Je me demande si le vrai problème n’est pas que dans les PME italiennes cette figure soit encore perçue comme un luxe, quelque chose de réservé aux grandes entreprises ou aux startups financées. J’ai l’impression inverse. Là où les ressources sont limitées et où les erreurs coûtent cher, avoir quelqu’un qui pose les bonnes questions au début vaut autant que ne pas jeter six mois sur un projet qui, au fond, ne serait de toute façon pas parti.

Et la question la plus utile, avant même de choisir un logiciel, est peut-être celle-ci : qui prend la responsabilité de rendre le projet réel, jour après jour ? S’il n’y a pas de réponse qui sonne crédible, peut-être vaut-il mieux s’arrêter là. Pas par cynisme, par respect du temps de tous.

Ce qu'il faut retenir

  • Un sponsor qui délègue tout n’est pas sponsor, c’est signataire ; et les projets sans pilotage réel s’enlisent au premier conflit.

  • Un objectif sans métrique, sans date et sans owner est un souhait déguisé en priorité.

  • Dans les PME, le Product Owner est perçu comme un luxe précisément là où ne pas l’avoir coûte le plus.

Questions & réponses

Quels sont les cinq signes précoces d'un projet de numérisation voué à l'échec ?

Sponsor absent ou trop délégué (personne avec autorité n’interrompt les discussions circulaires). Objectifs flous déguisés en grandes visions (« nous transformer numériquement » n’est pas un objectif). Décisions confuses sur périmètre et priorités (tout est urgent = rien n’est urgent). Stack technologique imposé en amont, avant d’avoir compris les besoins. KPI choisis pour faire sérieux mais sans lien avec le business réel.

Pourquoi le sponsor absent est-il le signe le plus mortel ?

Parce que la numérisation est un processus organisationnel plus que technique : elle change les responsabilités, les processus, les outils. Les résistances internes sont physiologiques et il faut quelqu’un avec autorité pour les dénouer quand elles bloquent. Un sponsor qui délègue tout jusqu’au moment de signer n’est pas sponsor, c’est signataire — et les projets sans vrai sponsor s’enlisent sur le premier conflit entre services.

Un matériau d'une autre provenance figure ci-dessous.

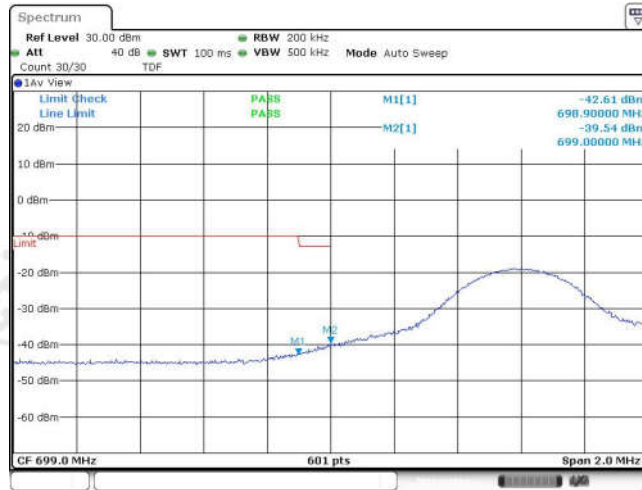

Band12-5MHz-16QAM-23155-25RB#0

Band12-10MHz-QPSK-23060-1RB#0

Band12-10MHz-QPSK-23060-1RB#49

Date: 19 SEP 2023 07:09:29

Band12-10MHz-QPSK-23060-50RB#0

Date: 19 SEP 2023 07:09:51

Band12-10MHz-QPSK-23130-1RB#0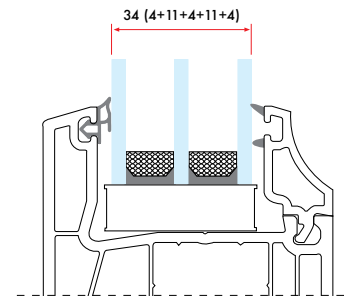

Double Glazing Bead with Gasket (24 mm)

8680C | **230 gr/m**

1 Pack : 25x6 m = 150 m

Triple Glazing Bead with Gasket (34 mm)

6490C | **240 gr/m**

1 Pack : 25x6 m = 150 m

Double Glazing Bead with Gasket (24 mm)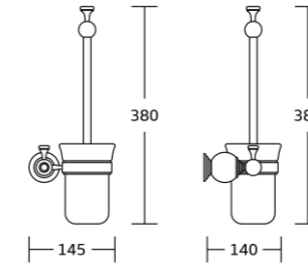

11300series

Chrome BN Gold Black Gun Metal

11335
Robe hook
Material:Brass
Size:100x120x100mm

11338
Tumbler holder
Material:Brass
Size:190x105x120mm

11352
Double tumbler holder
Material:Brass
Size:190x105x120mm

11339
Soap dish
Material:Brass
Size:180x60x130mm

11350
Toilet brush holder
Material:Brass
Size:145x380x140mm

11332
Towel ring
Material:Brass
Size:160x205x100mm

11351
Soap basket
Material:Brass
Size:190x60x130mm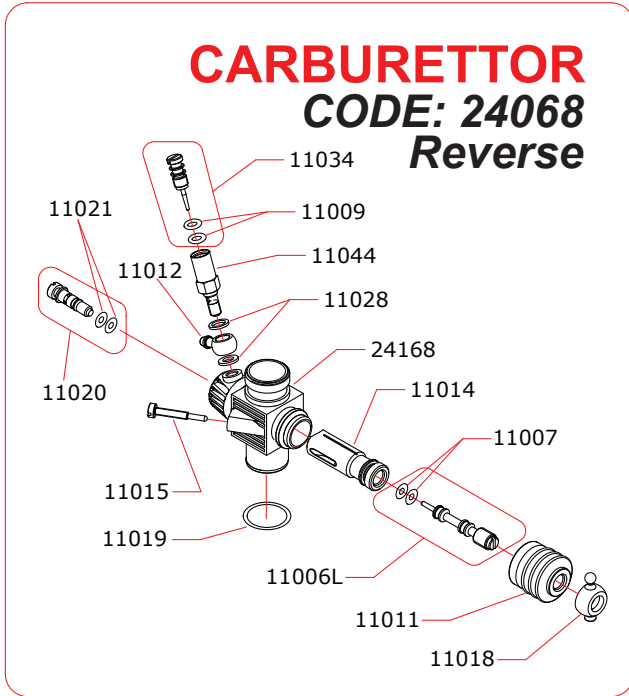

Data ultima modifica:
 Date of last modification:

20-01-2015

CARBURETTOR CODE: 24068 Reverse

*	24454-A	Ø5.4mm
	24460-A	Ø6.0mm
	24465-A	Ø6.5mm
	24470-A	Ø7.0mm

Optional		
03002	0.15 mm	
03001	0.10 mm	
03004	0.25 mm	

16803 (steel)	LEGEND 4 OFF
16802 (ceramic)	LEGEND 4 OFFS

Pipes Recommended

	51006M (EFRA 9901)	With ring, 3 chambers reinforced tube
	51020M (EFRA 2096)	With ring, 3 chambers reinforced tube, IFMAR WC
	51016 (EFRA 9901)	With ring, 3 chambers stronger walls

Manifolds Recommended

	41021	Short, 2 rings
	41029	Compact short, 2 rings for Mugen cars
	41030	Compact long, 2 rings for Mugen cars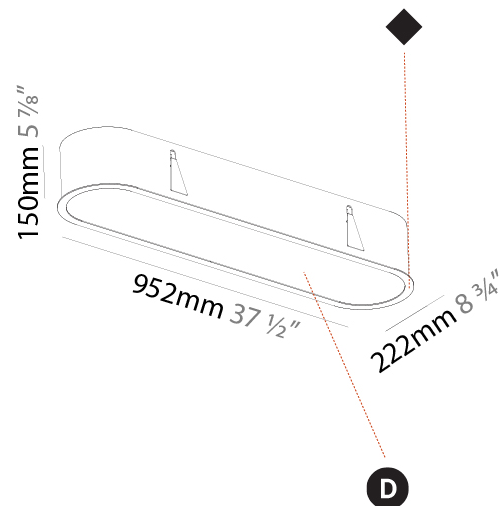

PHYSICAL

Shape: Oval
Length (mm): 952
Length (in): 37 1/2
Width (mm): 222
Width (in): 8 3/4
Depth (mm): 150
Depth (in): 5 7/8
Ceiling Thickness (mm): 10 / 12.5 / 15 / 25
Ceiling Thickness (in): 3/8 or 1/2 or 9/16 or 1
Min. Recessing Depth (mm): 160
Min. Recessing Depth (in): 6 5/16
Weight (kg): 5.93
Weight (lbs): 13.05
Diffuser: PMMA - Opal or Micro-Prism
Fixture Finish: SSR / BKV / CWI / CRY / HAB / UFT / ITA / RUA / FTG / MYG / LOD / PUS / FRO / FUP / KIA / POP / BLS / SPG / MEY / GOH / CHC / COM / ABZ / JAG / OBR / MOS / ROR
Fixture Material: Extruded Aluminum / Steel
Cut-out Measurements: 935mm / 36 13/16" x 205mm / 8 1/16"

ELECTRICAL

Lamp Type: LED (Zhaga Standard)
Input Wattage (W): 31.9
Total Output Wattage (W): 27
Dimming: Tri-Mode (Non-Dimming and Phase Dimming (120Vac only) and 0-10V Dimming)
Driver Included: Yes
Driver Location: Integrated
Driver Type: Constant Current - Universal
Driver Class: Class 2
Input Voltage (V): 120 - 277
Constant Current (MA): 500

LED

Color Temperature (°K): 3000 / 4000
Max. Delivered Lumen (lm): 2140 / 2350
CRI: >80 CRI
Lamp Life (hrs): 50000
Upon Request: Other CCT available

OPTICAL

RATINGS AND CERTIFICATIONS

Certified By: Certified for North American Standards
IP rating: IP20

PROJECT
TYPE
SPECIFIER
QUANTITY
DATE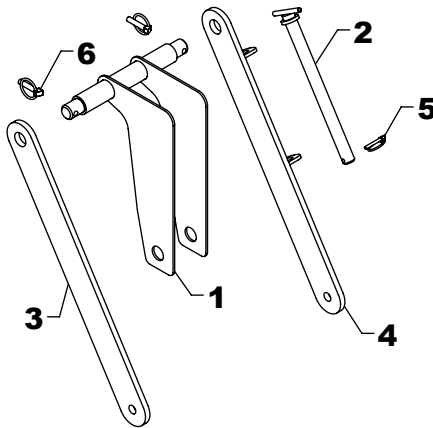

BCK-008 SLEEVE KIT (SET OF 2)

REF #	PART #	DESCRIPTION	QTY.
1	BCP-180AS	SLEEVE	1
2	BCP-204AS	STORAGE PIN	1
3	BCP-182	PIVOT STRAP	1
4	BCP-182AS	PIVOT STRAP	1
5	QLP0400028	LYNCH PIN	1
6	QLP0700024	LYNCH PIN	2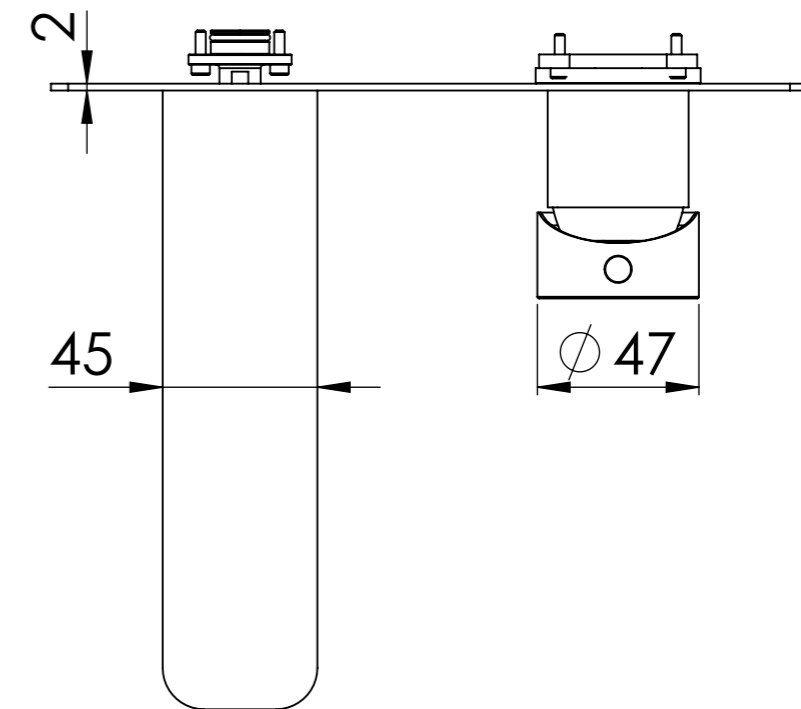

Descrizione: Parti esterne per WBOX, miscelatore monocomando lavabo incasso

Description: External parts WBOX, built-in single lever basin mixer

Portata a 3 bar: 4.5lt/min
Flow rate at 3 bar: 1.2gpm

CONNESSIONE PARTE BOCCA Q15INSWB
SPOUT PART CONNECTION Q15INSWB

CONNESSIONE PARTE
CARTUCCIA R52APWBAA
CARTRIDGE PART
CONNECTION R52APWBAA

RICAMBI/SPARE PARTS:

CARTUCCIA/CARTRIDGE	R52AP
AERATORE/AERATOR	83NEGPM12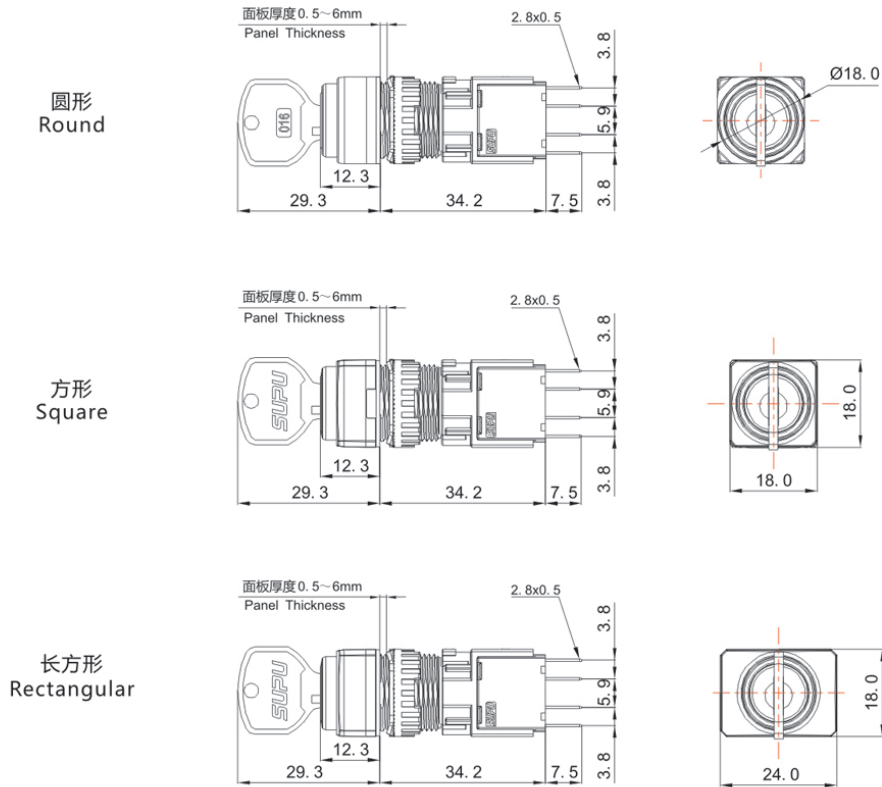

Product Type: Key Switch (TS6 Series)

Product Name: TS6 Series Key Switch

Product Description: IP65、IP67

Product Size

Ningbo SUPU Electronics Co., Ltd.

Address: No. 150, Xinxing 4th Road, High-tech Industrial Development Zone,
Cixi City, Zhejiang Province, China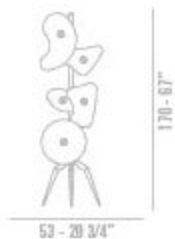

# ORBITAL

DESIGN: FERRUCCIO LAVIANI / 1992

**ORBITAL**  
INCANDESCENZA  
5X40W

FLOOR LAMP CONSTRUCTED OF COLOURED OR WHITE PLATES IN VARIOUS SHAPES IN SILKSCREEN-PRINTED GLASS, MOUNTED ON A LACQUERED METAL STRUCTURE.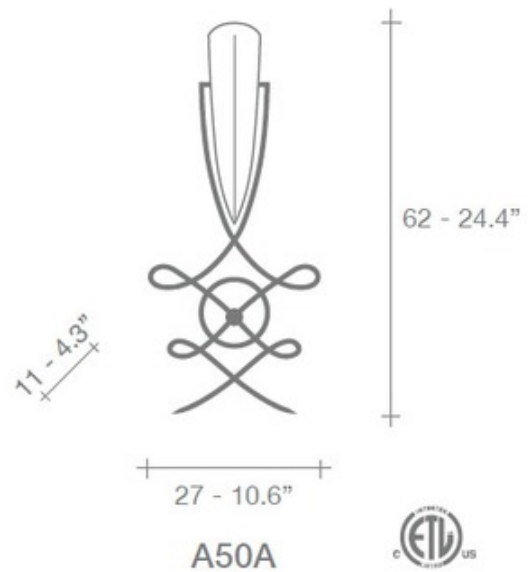

DESIGNER Jean-Francois Crochet
BRAND Terzani USA

DESCRIPTION

The Louvre wall sconce features an alabaster diffuser with a decorative light sky blue glass center piece. It comes in a hand waxed rusty metal finish. One 40w incandescent bulb not included. General light distribution. ETL listed. Made in Italy. 10.6 inch width x 24.4 inch height x 4 inch length.

SHADE COLOR	Alabaster
BODY FINISH	Rust
WATTAGE	40W
DIMMER	Standard 120V
DIMENSIONS	4"L x 10.6"W x 24.4"H
BULB NOT INCLUDED	
LAMP	1 x B10/Candelabra (E12)/40W/120V Incandescent

SPEC # TRZ15581

COMPANY	PROJECT	FIXTURE TYPE	APPROVED BY	DATE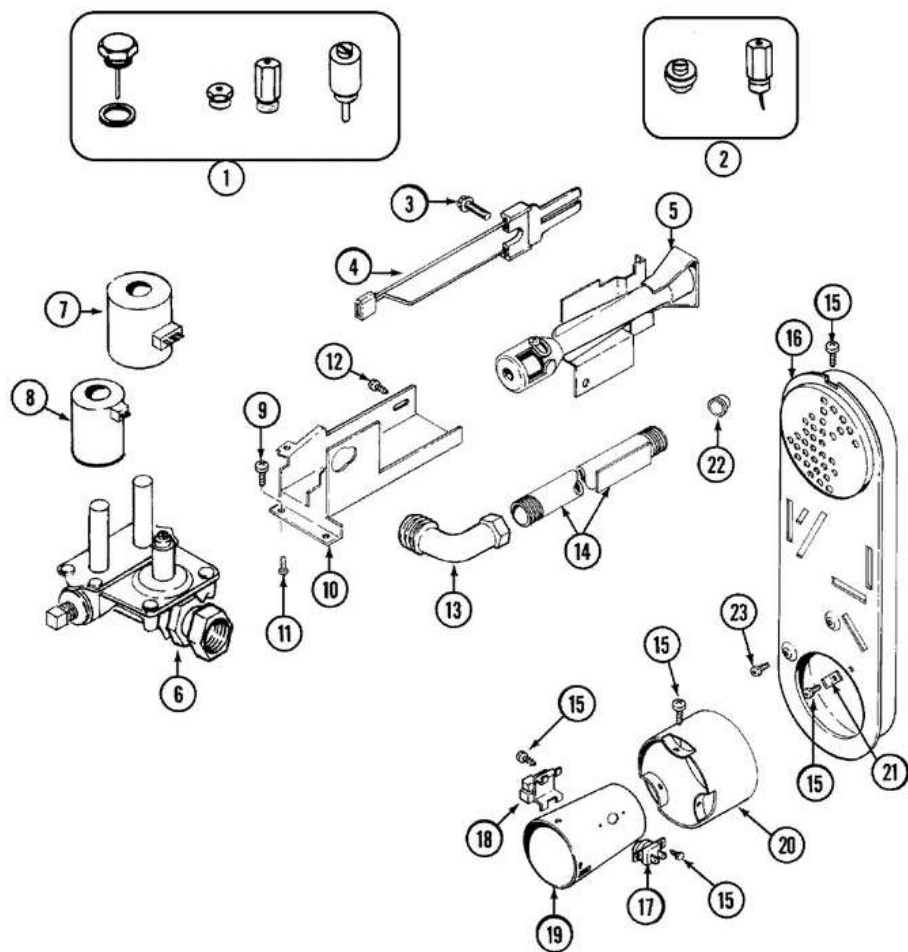

MDG8400AWQ

MDG8400AWQ

1	MAL9000AXX	Conversion Kit
2	33002924	Conversion Kit
3	304971	Screw
4	33002952	Inlet Duct Assembly
4	33002789	Igniter Assembly
4	4391996	Igniter Assy, Gas Valve
5	33002793	Assy, Burner
6	306176	Valve, Gas
7	279834	Coil, Holding & Booster
8	279834	Coil, Secondary
9	Y313561	Screw----na
10	33001834	Bracket, Gas Valve----na
11	90767	Screw
12	1163839	Screw
13	3406051	Connector, Angle
14	33001735	Pipe & Bracket Assy.
15	90767	Screw
16	33002952	Inlet Duct Assembly
17	303395	Thermostat, Hi-limit
18	338906	Sensor, Radiant
19	33001835	Cone Assy., Combustion
19	90767	Screw
19	Y312890	Retainer, Heater Chamber
20	Y303841	Cone, Extension
21	489128	Screw
21	90767	Screw
22	33001693	Cap, Gas Pipe
23	90767	Screw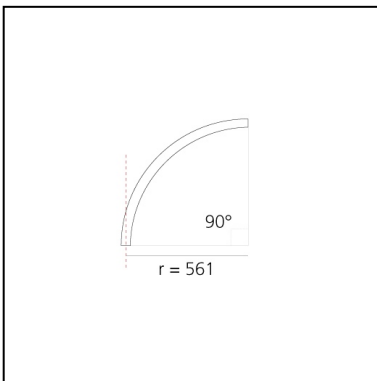

A.24 - Wall/Ceiling Diffused Emission - Curved Elements - R=561mm - $\alpha=90^\circ$ - 2700K - Brushed Copper

Carlotta de Bevilacqua

IP20    Dimmerable: 

LUMINAIRE

- Watt: **24W**
- Delivered lumens output: **2020lm**
- CCT: **2700K**
- Efficiency: **60%**
- Efficacy: **84.19lm/W**
- CRI: **80**

DIMENSIONS

- Width: **cm 2.7**
- Height: **cm 5.4**

SOURCES INCLUDED

- Category: **Led**
- Number: **1**
- Watt: **25W**
- Color temperature (K): **2700K**
- Color Tolerance: **MacAdam 2SDCM**
- Service Life: **L70 (6K) 50000h**

Comment distingue-t-on un objectif utile d'un objectif flou ?

Un objectif utile est mesurable, a une date et un owner. « Réduire le délai d’onboarding client de 12 jours à 3 d’ici Q3 » est un objectif. « Améliorer l’expérience client » est un souhait. Le test : si vous ne savez pas comment reconnaître le succès quand il arrive, vous n’avez pas d’objectif. Si vous ne savez pas qui en répond, vous n’avez pas d’objectif. S’il n’y a pas de date, ce n’est même pas une priorité.

Que faire si vous reconnaissez ces signes dans un projet où vous travaillez ?

Ça dépend du poste. Si vous êtes le sponsor : pilotez explicitement, ne déléguez pas la décision stratégique. Si vous êtes le vendor : nommez-les au client avant de démarrer, mettez-les au contrat — la transparence préventive protège les deux parties. Si vous êtes dans l’équipe : déplacez l’énergie sur la phase discovery avant l’implémentation — revenir en arrière pour demander des objectifs clairs coûte moins que de construire sur un mandat ambigu.